Dive Brief:
- Artificial intelligence could reduce energy consumption and carbon emissions in the building sector by approximately 8% by 2050, according to a peer-reviewed paper published in July by researchers at the Lawrence Berkeley National Laboratory.
- Energy use is predicted to peak in 2040 under a business-as-usual scenario without AI implementation, which considers continued technology improvement and increased shares of highly efficient and net-zero buildings in new construction and retrofits. Introducing AI to equipment, occupancy influence, control and operations, and design and construction would shorten that peak to around 2035, the researchers say.
- When combined with energy policy and low-carbon generation, AI-driven energy use and carbon emission reductions could grow to 40% and 90% in 2050, respectively, compared with a business-as-usual scenario, according to the authors. If there were no energy efficiency improvements or policy support, building energy consumption would keep increasing, according to the paper published in Nature Communications.
Dive Insight:
The research, which focused on medium-sized office buildings in the U.S., forecasts AI’s potential to reduce energy consumption and carbon emissions through six scenarios. These include a “frozen” scenario that uses current building efficiency as a baseline, two business-as-usual scenarios with and without adopting AI, and three policy-driven scenarios.
The researchers, who say they operated on the assumption that AI could cut building costs by 10%, estimate that adopting AI could generate cost savings and revenue that account for over 10% of annual on-site energy costs. AI adoption, along with robotics and Internet of Things applications, can cut building costs by up to 20%, the researchers say.
While adopting AI in a business-as-usual scenario can cut energy use and carbon emissions by about 8%, the potential for such reductions is even more pronounced when compared with the “frozen” scenario, where the market shares of baseline buildings, or buildings with average energy efficiency, high energy efficiency buildings and net-zero energy buildings remain unchanged from their proportions in 2020, all the way through to 2050, the study suggests. Through AI adoption, building energy use can decline by 21%, while carbon dioxide emissions would be 35% lower, compared with the “frozen” scenario, according to the results of the study.
Meanwhile, major policy measures include the promotion of efficiency technologies, implementation of building codes and energy efficiency standards, incentives, subsidies, financial assistance and government-funded programs, the study says.
These policies were constructed based on the pathway to the Long-Term Strategy of the United States, published in November 2021 by the U.S. State Department and the U.S. Executive Office of the President, the researchers say. That paper lays out a goal of 100% clean electricity by 2035 — a crucial foundation for net-zero greenhouse gas emissions no later than 2050.

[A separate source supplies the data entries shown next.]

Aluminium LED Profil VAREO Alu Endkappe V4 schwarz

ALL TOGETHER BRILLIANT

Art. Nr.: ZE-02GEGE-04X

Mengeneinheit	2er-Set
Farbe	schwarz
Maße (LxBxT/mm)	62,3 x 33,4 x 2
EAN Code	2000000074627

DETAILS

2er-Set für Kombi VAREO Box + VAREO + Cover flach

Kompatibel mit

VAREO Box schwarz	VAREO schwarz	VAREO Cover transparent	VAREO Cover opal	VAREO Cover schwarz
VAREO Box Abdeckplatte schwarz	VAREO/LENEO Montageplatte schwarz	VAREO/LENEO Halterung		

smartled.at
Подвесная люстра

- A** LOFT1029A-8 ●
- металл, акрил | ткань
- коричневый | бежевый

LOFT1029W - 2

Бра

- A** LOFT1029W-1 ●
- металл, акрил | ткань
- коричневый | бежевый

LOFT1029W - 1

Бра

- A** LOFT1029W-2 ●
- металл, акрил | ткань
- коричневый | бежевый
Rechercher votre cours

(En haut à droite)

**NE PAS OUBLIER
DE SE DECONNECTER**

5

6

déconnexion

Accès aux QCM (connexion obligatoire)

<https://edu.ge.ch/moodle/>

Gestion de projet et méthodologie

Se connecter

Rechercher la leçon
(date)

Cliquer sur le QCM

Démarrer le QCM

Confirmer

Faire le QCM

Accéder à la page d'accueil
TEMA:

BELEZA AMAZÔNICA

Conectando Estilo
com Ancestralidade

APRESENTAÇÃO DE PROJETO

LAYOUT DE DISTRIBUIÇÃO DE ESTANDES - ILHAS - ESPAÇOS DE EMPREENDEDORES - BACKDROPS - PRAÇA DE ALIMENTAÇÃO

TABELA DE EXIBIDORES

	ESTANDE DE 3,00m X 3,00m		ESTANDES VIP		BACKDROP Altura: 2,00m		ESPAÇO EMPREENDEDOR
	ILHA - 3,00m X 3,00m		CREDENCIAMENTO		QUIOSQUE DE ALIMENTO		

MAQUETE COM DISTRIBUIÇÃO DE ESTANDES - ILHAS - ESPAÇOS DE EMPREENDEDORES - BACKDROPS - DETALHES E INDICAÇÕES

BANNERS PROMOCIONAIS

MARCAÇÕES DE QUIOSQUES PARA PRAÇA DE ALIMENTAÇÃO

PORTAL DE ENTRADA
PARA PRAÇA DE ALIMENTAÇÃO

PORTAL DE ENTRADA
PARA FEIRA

The policy scenario spans four pathways — reduced cost premium for highly energy-efficient or net-zero energy medium office buildings, an increase in the retrofit share of existing commercial buildings to boost their energy efficiency, an increase in the share of new commercial buildings that achieve net-zero status and an increase in the share of retrofitted commercial buildings that achieve net-zero status.
Adopting AI in the policy scenario can help reduce energy consumption and CO2 emissions by roughly 19% in 2050, compared with the policy scenario without AI, the LBNL researchers say.
When paired with policy measures, AI could reduce energy consumption by approximately 40%, compared with the business-as-usual baseline and by about 50%, when compared with the “frozen” scenario, according to the paper.
To achieve the carbon neutrality target, the low-emission power generation scenario also assumes a decrease in carbon emission from the 2020 level to zero emissions in 2050. Adding low-emission power generation would help achieve a near zero-emission target in 2050, providing savings of 93% and 95% from the business-as-usual and frozen scenarios, respectively.
The International WELL Building Institute underscored AI’s potential impact on building energy consumption and emissions reductions in its AI Framework for Advancing Healthy Buildings, released June. In a case study examining AI applications in building management systems, IWBI said that by implementing digital twins and AI, operators can send live feeds of data from an entire building into a computational model of the building and then draw on AI to analyze that data.
“By continuously analyzing these data from the digital twin, the AI element can automatically open or close doors and windows, or increase or decrease the strength of fans throughout a building,” the IWBI report said.